On my desk here, I have a few, well, really, quite a few, note cards on which I write reminders and chants. One has a reminder of my microphone type for when I am on Zoom and needing to adjust it, and another has the Buddha Medicine Chant. Others here and there say various things: “CALM & CONFIDENT,” “BE AUTHENTIC.” and “What do you need?”

That last one gathers more meaning lately. I invite you to ask it with me. “What do you need?” When was the last time you asked yourself, “What do I need?” I hear Love asking me, when I see this card: “What do you need, Carmen?”

I need to be kind to myself, even more and more. I need more kindness in the world. Both of these things I can in many ways control. I can definitely and gently increase my kindness to myself and to others.

One way I am kind both to myself and to others is I notice the kindness all around me and work with it to contribute further to it. It’s what stitches the world together. Here are a few examples from my life recently when I went to the grocery store.

My brief exchange with the woman in her 50s whom I love getting as cashier because she always offers a little extra bag for the meat that might drip and wears a mask and is a decent kind human. I have hypogammaglobulinemia, so I wear a mask wherever I go.

During an earlier grocery store trip, she noticed how I put down first breakables like eggs then light, squishable breads then frozen items and then canned goods, and she appreciated it, saying something like, “I do that too.”

The last time I went, I said as I unloaded to the belt: “You’re always so efficient—I’ll  try to keep up with you.”

She laughed, breezy like, that let me know she appreciated it.

Then when I got done unloading the cart, I went down to the end since the two teenaged guys with aprons on had stood around chatting and then left in a moseying kind of way. And I picked up one of my cloth bags, and without slowing or missing a beat, she said like a sister would, “How about I’ll finish these and you do bread.”

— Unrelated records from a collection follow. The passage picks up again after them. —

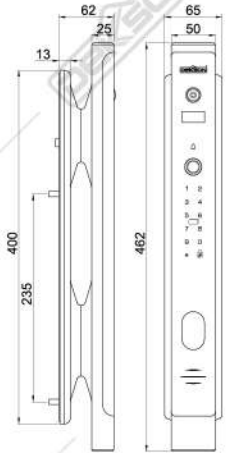

MECHANICAL KEY

MOBILE APP
DEON SMART
LIVING (TUYA)
Available on

Specifications

BACK

FRONT

Features

Lithium Battery
(Rechargeable)

Low Power Warning
(Micro USB backup power)

“Sounds good,” I said, and we made short work of it together.

Those things make the world go round.

When I almost let gravity take my cart into the road in front of the grocery store as I back-pocketed my receipt, I looked up to stop the cart and saw a young teenager driver in a car going past perpendicular to me. I waved appreciatively as they slowed a little and the teenager did the slightest and clearest head tilt up no smile. That was something.

We had communicated community. My wave of thanks, the teenager’s nod.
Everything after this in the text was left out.